Find the area of the region outside r=9+9sin(theta), but inside r=27sin(theta)
I did the integral of .5((27sin(theta))^2-(9+9sin(theta))^2), from pi/6 to 5pi/6, but got the wrong answer. Any hints?

Find the area inside the curve r^2 = 72cos(2theta)
Do I just take the square root of the entire equation? If so, how do I integrate the square root of cosine?

Find the area inside one loop of the curve r^2=4sin(2theta)
Same question as the previous one

**galactus** · April 25th 2008, 04:46 PM

Originally Posted by mistykz

Find the area of the region outside r=9+9sin(theta), but inside r=27sin(theta)
I did the integral of .5((27sin(theta))^2-(9+9sin(theta))^2), from pi/6 to 5pi/6, but got the wrong answer.
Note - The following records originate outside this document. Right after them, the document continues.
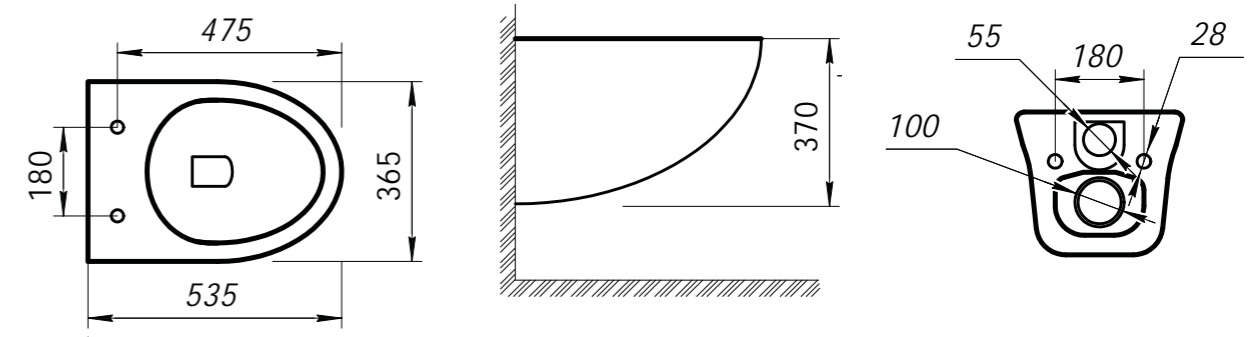

OVALE

Сиденье для унитаза с микролифтом
из дюропласта, быстръемное
с металлическим креплением
ART&MAX AM2111SC

PESCARA

Унитаз подвесной безободковый
ART&MAX PESCARA AM016CHR

Сиденье для унитаза с микролифтом
из дюропласта, быстръемное
с металлическим креплением
ART&MAX AM016SC

Особенности:

новое поколение чаш, обладающих
цельной внешней конструкцией и
глазуровкой всей внешней стороны
чаши.
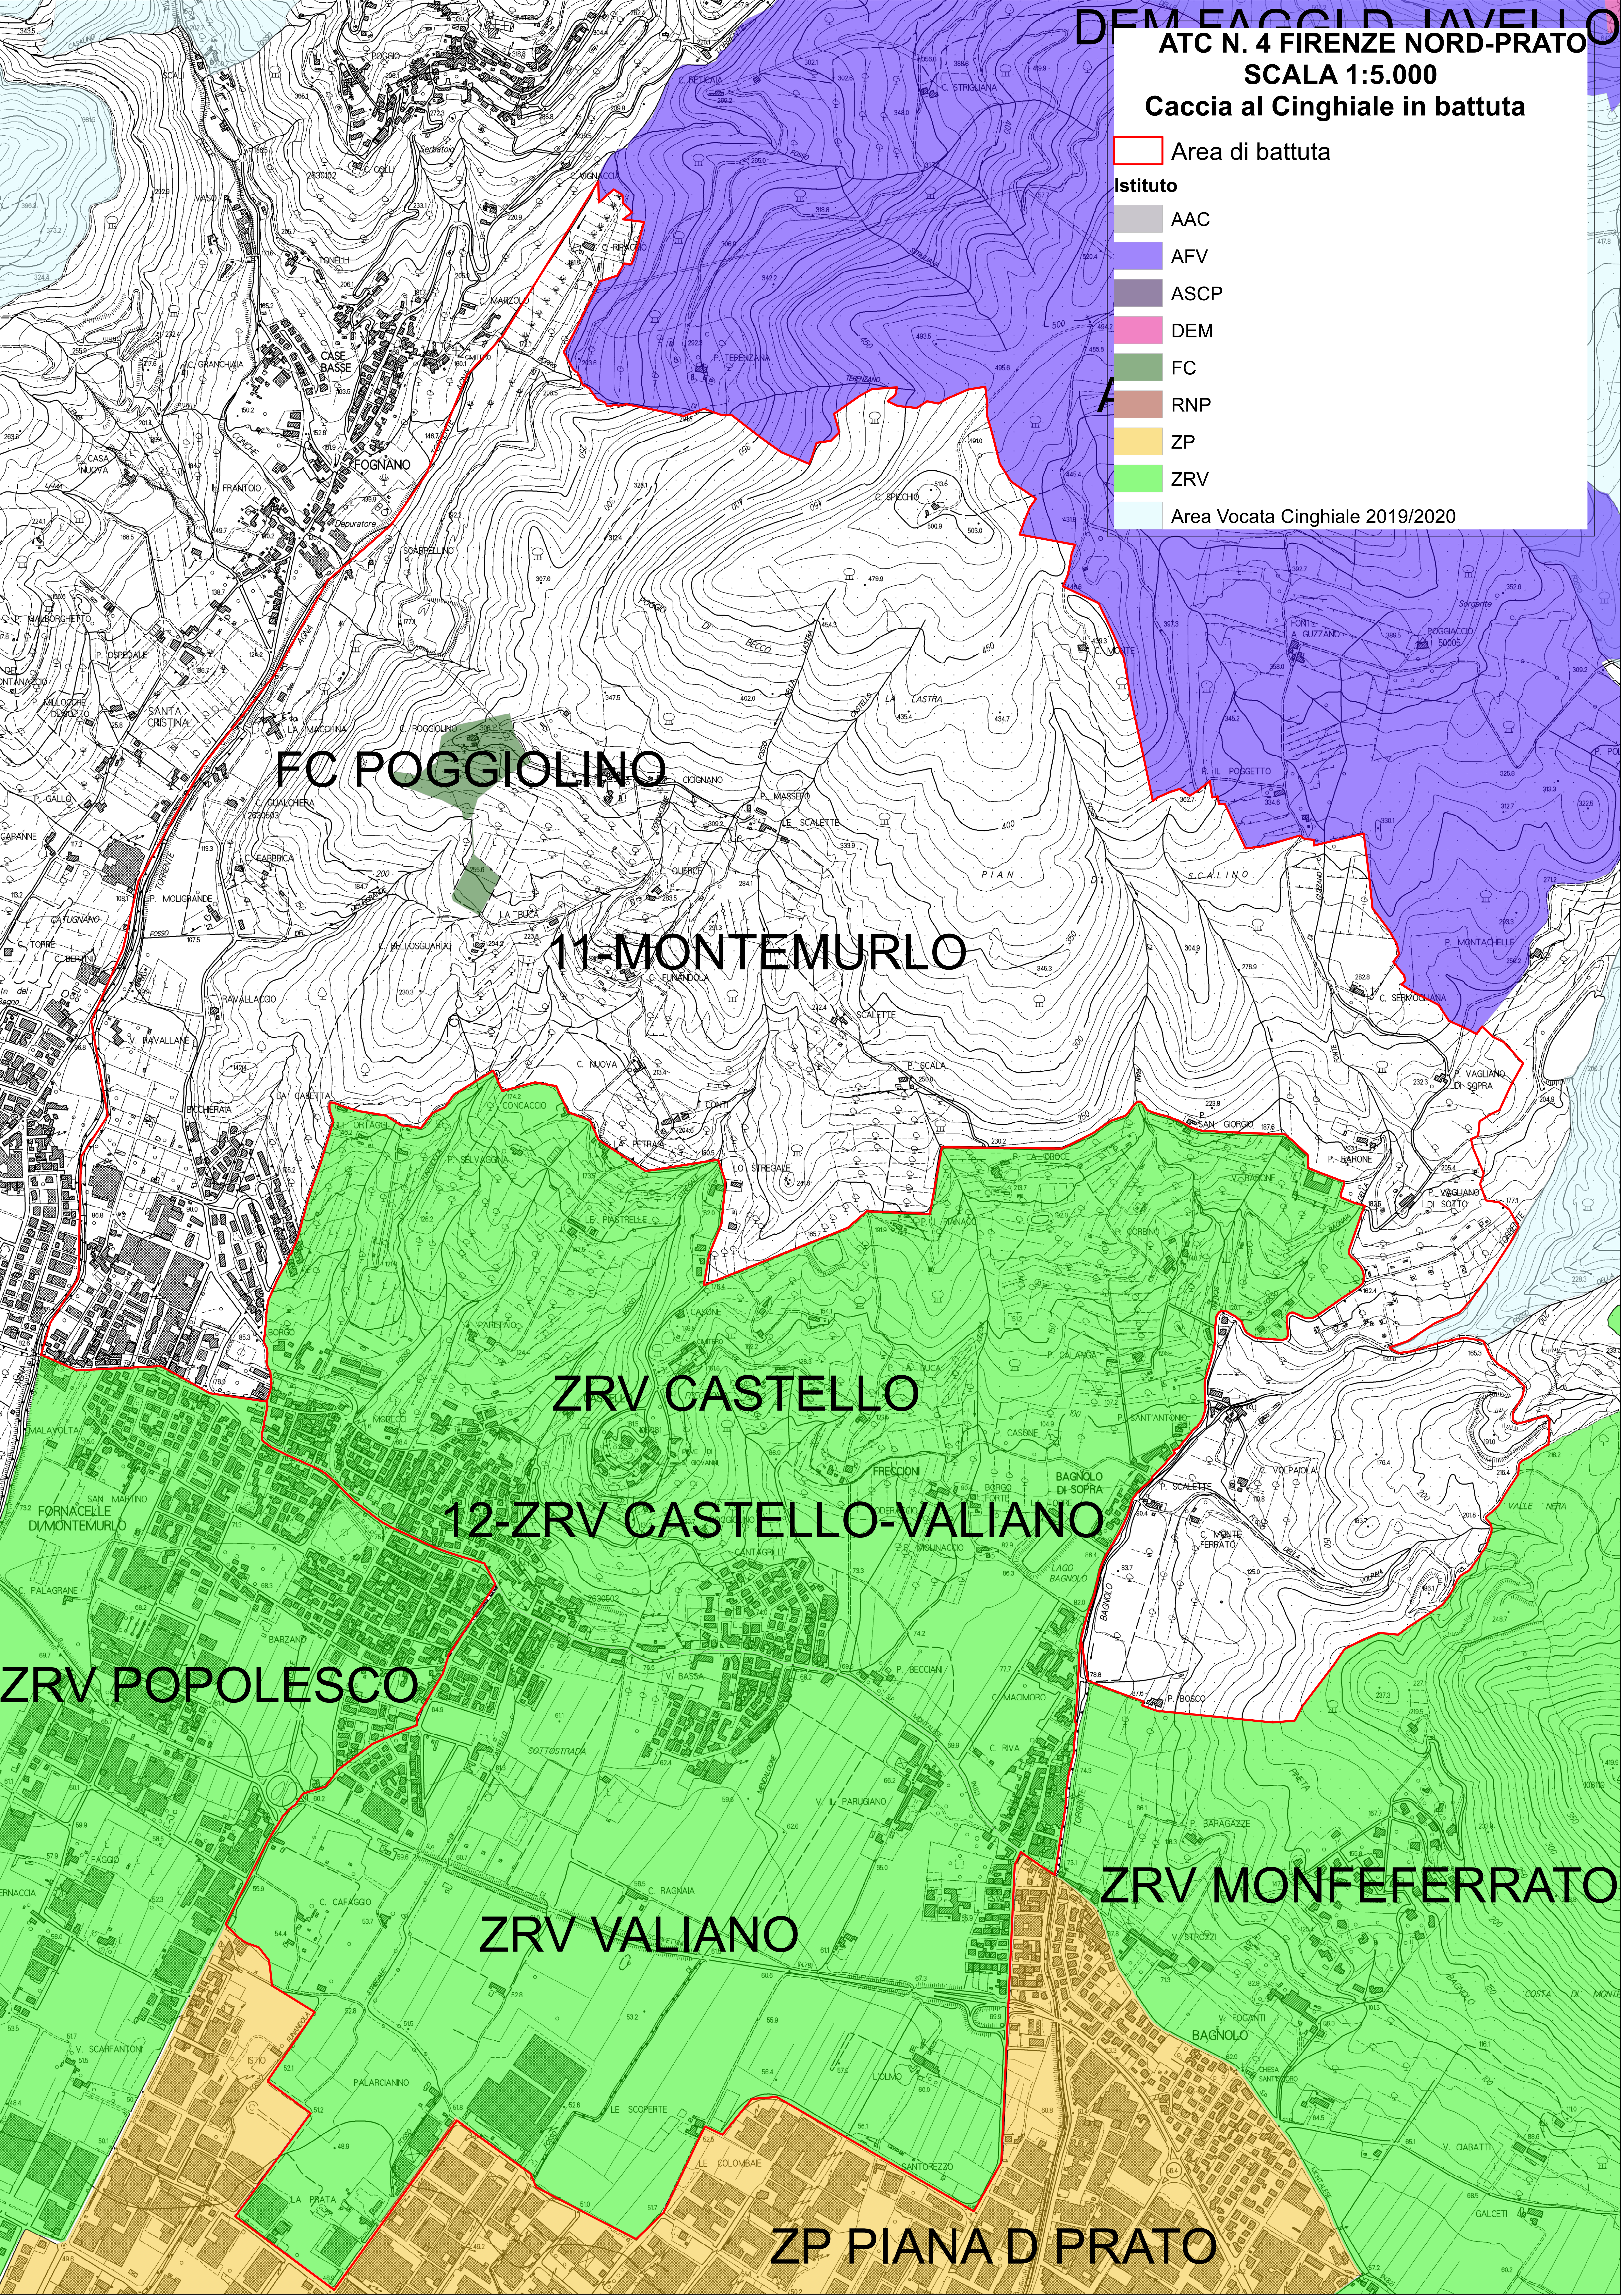

Area di battuta

Istituto

- AAC
- AFV
- ASCP
- DEM
- FC
- RNP
- ZP
- ZRV
- Area Vocata Cinghiale 2019/2020

FC POGGIOLINO

11-MONTEMURLO

ZRV CASTELLO

12-ZRV CASTELLO-VALIANO

ZRV POPOLESCO

ZRV VALIANO

ZRV MONFERRATO

ZP PIANA D PRATO
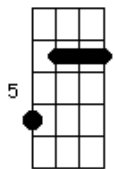

Dbm

ukulele-chords.com
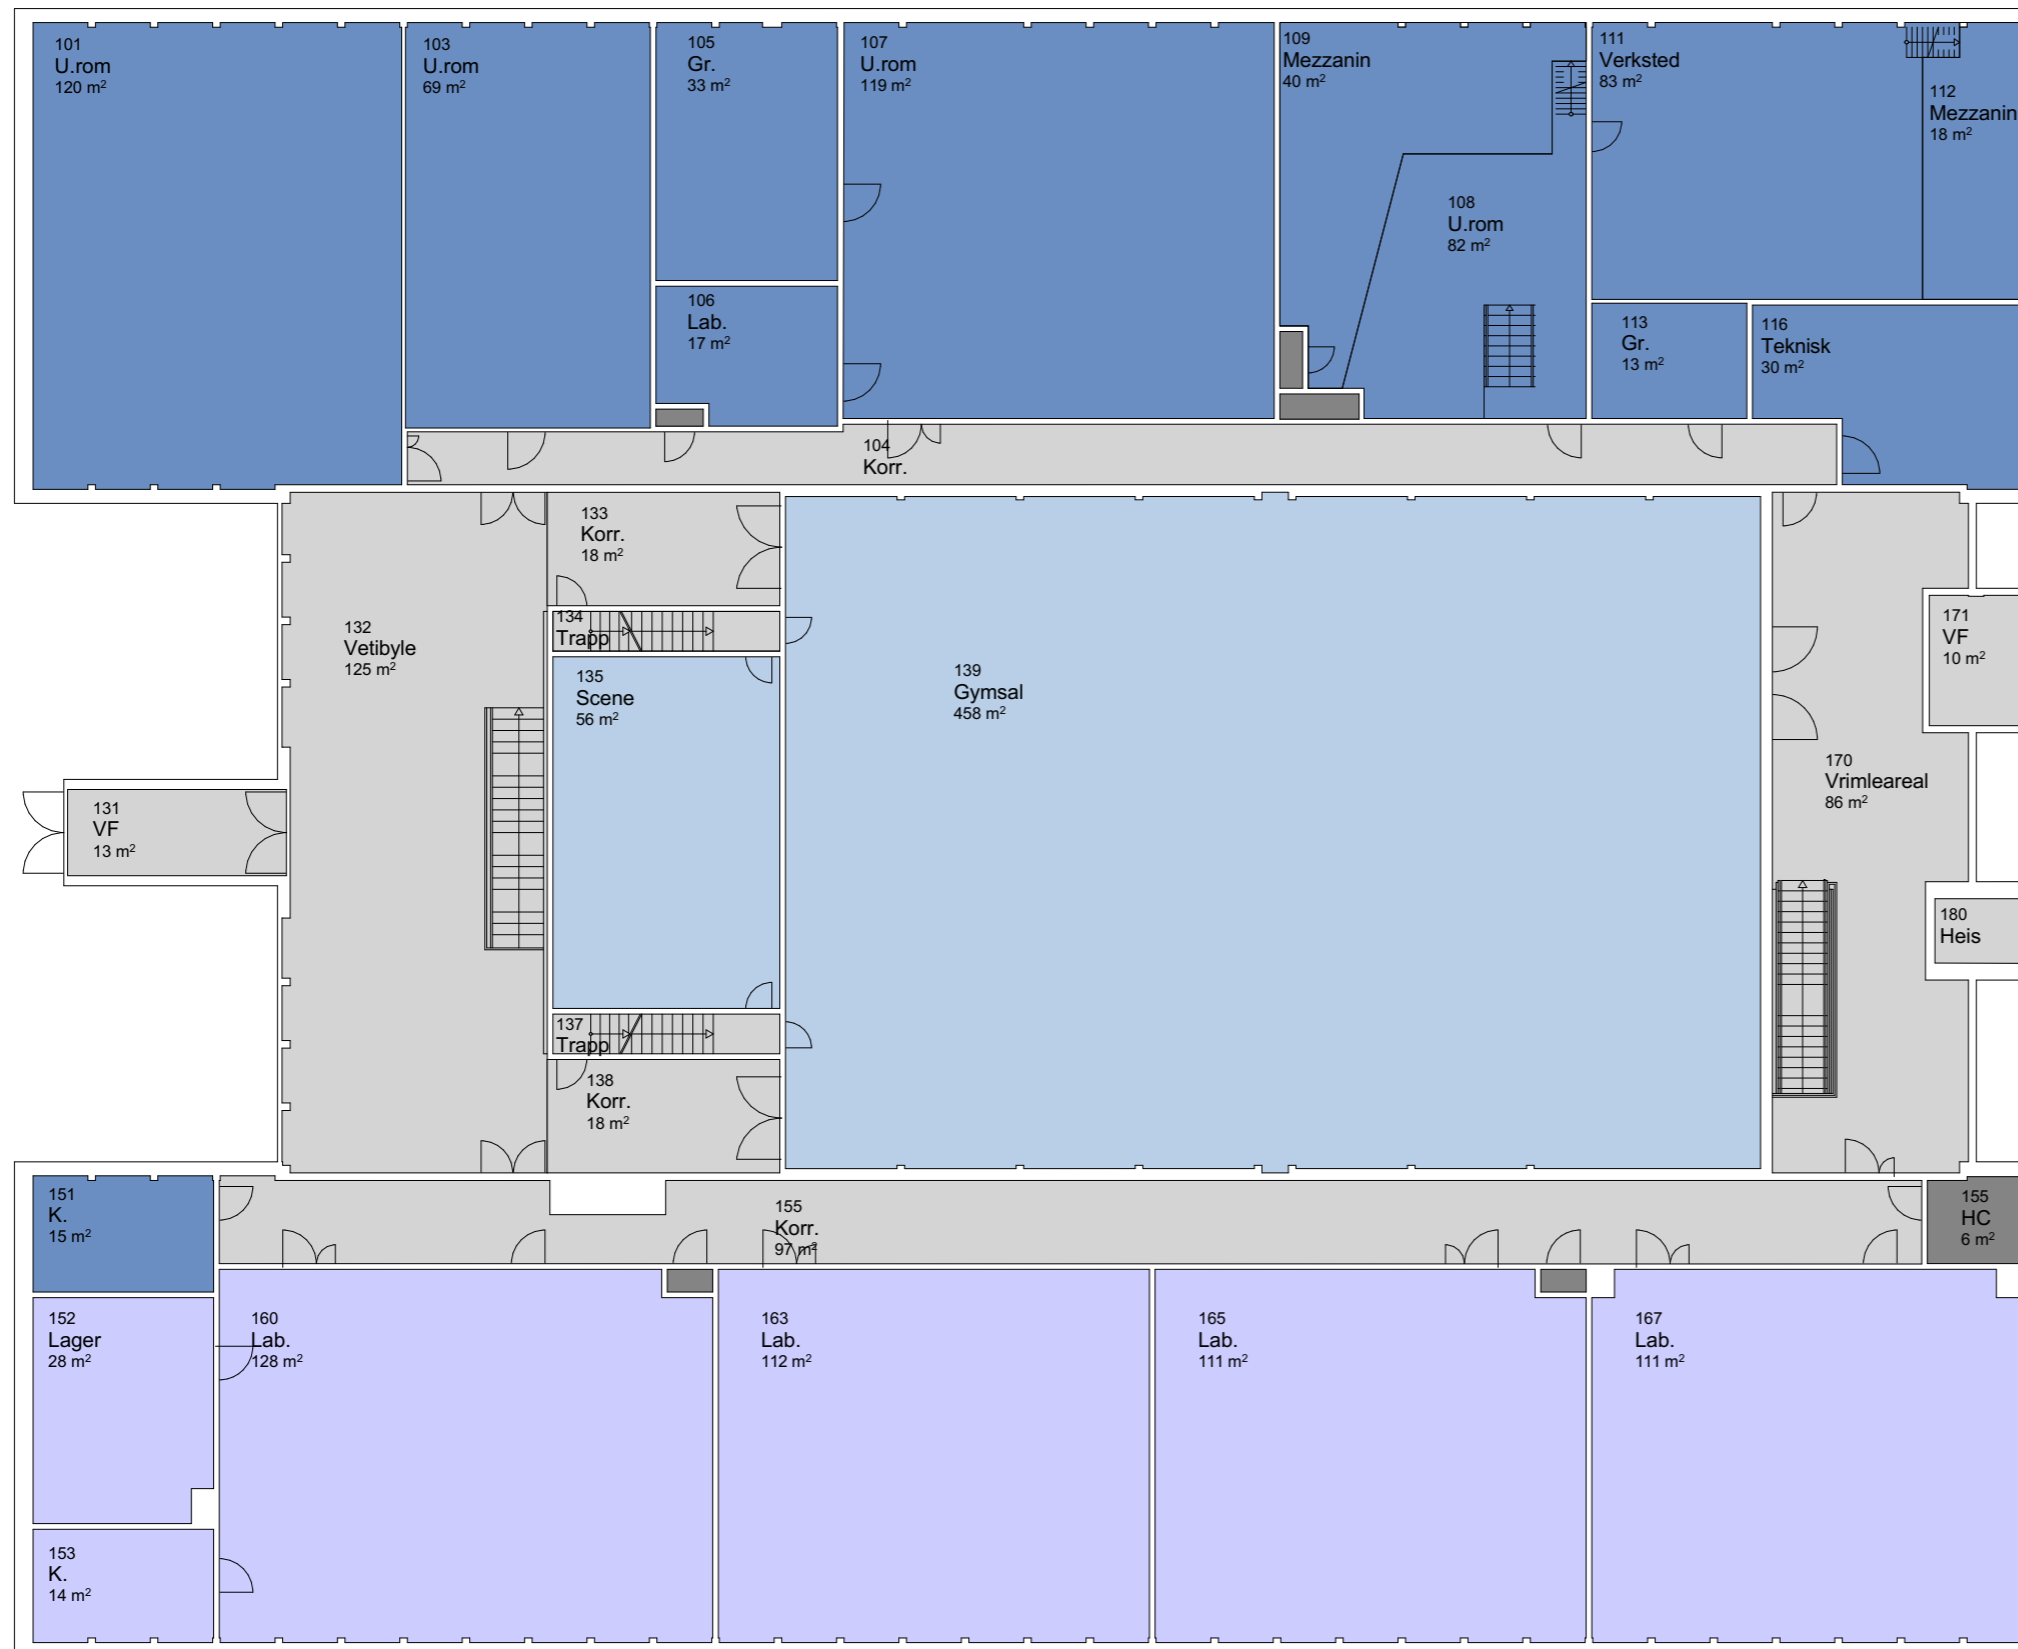

- IHB - Institutt for havromsoperasjoner og byggteknikk
- IIR - Institutt for IKT og realfag
- Studieadministrasjon - felles
- Trafikk
- Teknisk Våtrom

17620 / NTNU Campus Ålesund / Lab-bygget / Plan 1 / Utredning alt 2

/ Utskriftsdato 08.08.2018 / M 1:200 (A3)

Any hints?

Did you get $81{\pi}$ ?.

Find the area inside one loop of the curve r^2=4sin(2theta)
Same question as the previous one

When you set up the polar form of integration, the square eliminates the radical.

$\frac{1}{2}\int_{0}^{\frac{\pi}{2}}\left(\sqrt{4si n(2{\theta})}\right)^{2}d{\theta}=2\int_{0}^{\frac {\pi}{2}}sin(2{\theta})d{\theta}$

**Soroban** · April 25th 2008, 05:40 PM

Hello, mistykz!

You seem to be forgetting the area formula: . $A \;=\;\frac{1}{2}\int^{\beta}_{\alpha} r^2\,d\theta$

Find the area inside the curve: . $r^2 \:= \:72\cos(2\theta)$

Do I just take the square root of the entire equation?
If so, how do I integrate the square root of cosine?
Look at the formula again!

It says: . $A \;=\;\frac{1}{2}\int^{\beta}_{\alpha}{\color{red}r ^2}\,d\theta$

So we have: . $A \;=\;\frac{1}{2}\int^{\beta}_{\alpha}72\cos2\theta \,d\theta \;=\;36\int^{\frac{\pi}{4}}_{\text{-}\frac{\pi}{4}} \cos2\theta\,d\theta$

Got it?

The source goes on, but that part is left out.